The data provided is for use only by the primary recipient or the primary recipient's publication or broadcast. This data may not be re-sold, republished or licensed to any other source, including publications and sources owned by the primary recipient's parent company without prior written permission from CoreLogic. Any CoreLogic data used for publication or broadcast, in whole or in part, must be sourced as coming from CoreLogic, a data and analytics company. For use with broadcast or web content, the citation must directly accompany first reference of the data. If the data is illustrated with maps, charts, graphs or other visual elements, the CoreLogic logo must be included on screen or web site. For questions, analysis or interpretation of the data contact Lori Guyton at email@example.com or Bill Campbell at firstname.lastname@example.org. Data provided may not be modified without the prior written permission of CoreLogic. Do not use the data in any unlawful manner. This data is compiled from public records, contributory databases and proprietary analytics, and its accuracy is dependent upon these sources.

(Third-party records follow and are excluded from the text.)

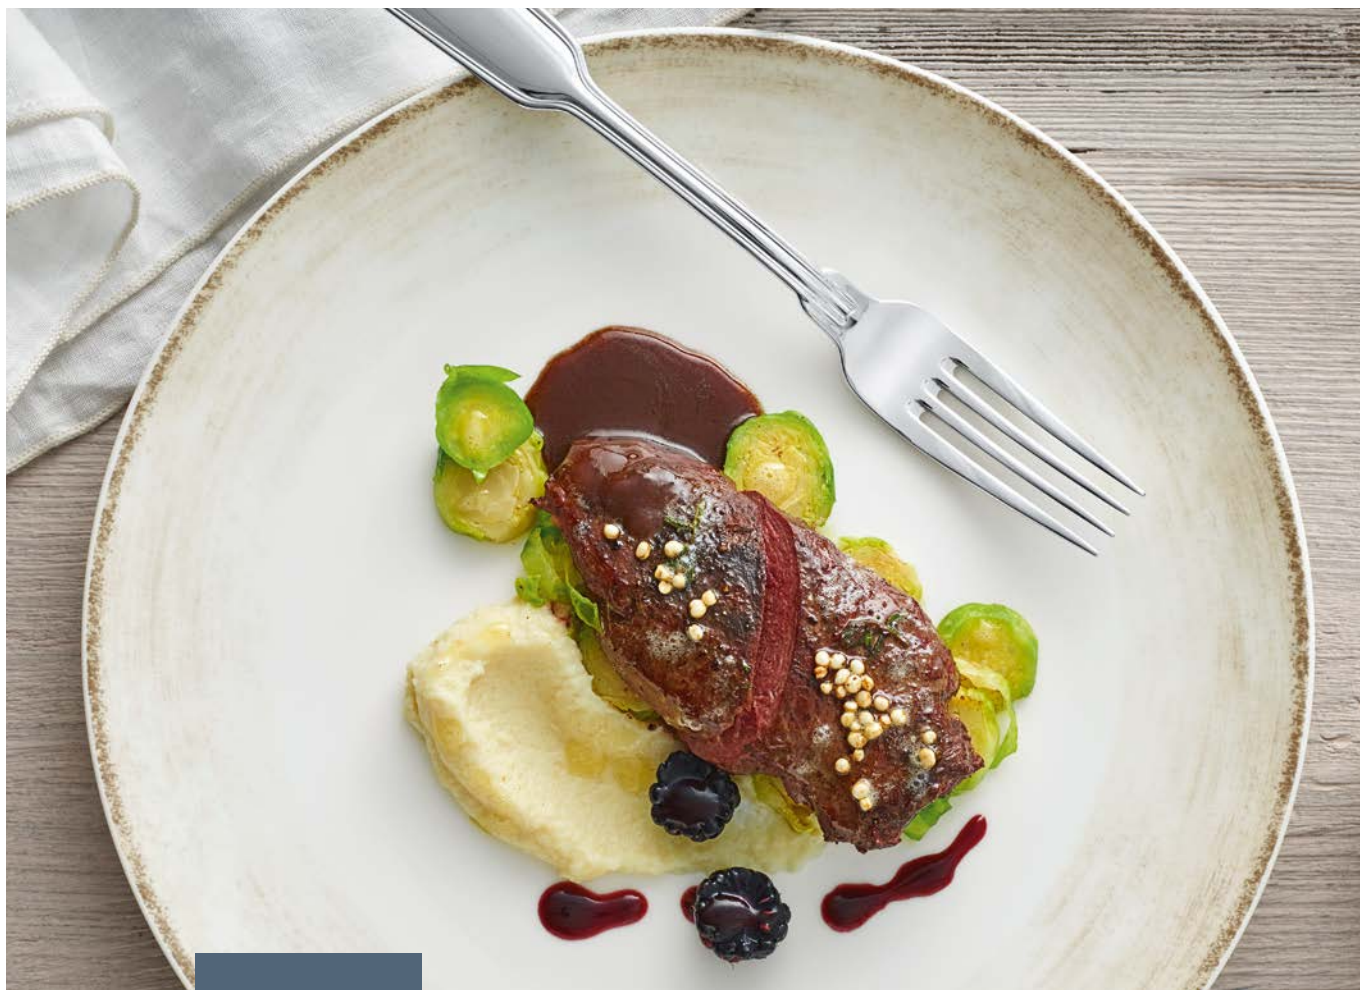

320386 • ARTISAN

BASIC

320388 • MODERN ART GREY

BASIC

320389 • MODERN ART LINE GREY

LIGHT

320391 • MODERN ART GOLD

BASIC *

320392 • MODERN ART LINE GOLD

LIGHT *

* Edelmetallzuschlag auf WHITE
Precious metal surcharge on WHITE

CoreLogic (CLGX) is a leading provider of consumer, financial and property information, analytics and services to business and government. The company combines public, contributory and proprietary data to develop predictive decision analytics and provide business services that bring dynamic insight and transparency to the markets it serves. CoreLogic has built the largest and most comprehensive U.S. real estate, mortgage application, fraud, and loan performance databases and is a recognized leading provider of mortgage and automotive credit reporting, property tax, valuation, flood determination, and geospatial analytics and services. More than one million users rely on CoreLogic to assess risk, support underwriting, investment and marketing decisions, prevent fraud, and improve business performance in their daily operations. The company, headquartered in Santa Ana, Calif., has more than 6,500 employees globally with 2010 revenues of $1.6 billion. For more information visit www.corelogic.com.
CoreLogic is a registered trademark of CoreLogic.
(1) The definition of an above market rate was 5.1%, which is roughly the current mortgage rate of 4.1% plus a 100 basis point refinance trigger.
(2) Low mortgage debt zip codes have negative equity shares less than 10% and high mortgage debt zip codes have greater than 50% negative equity.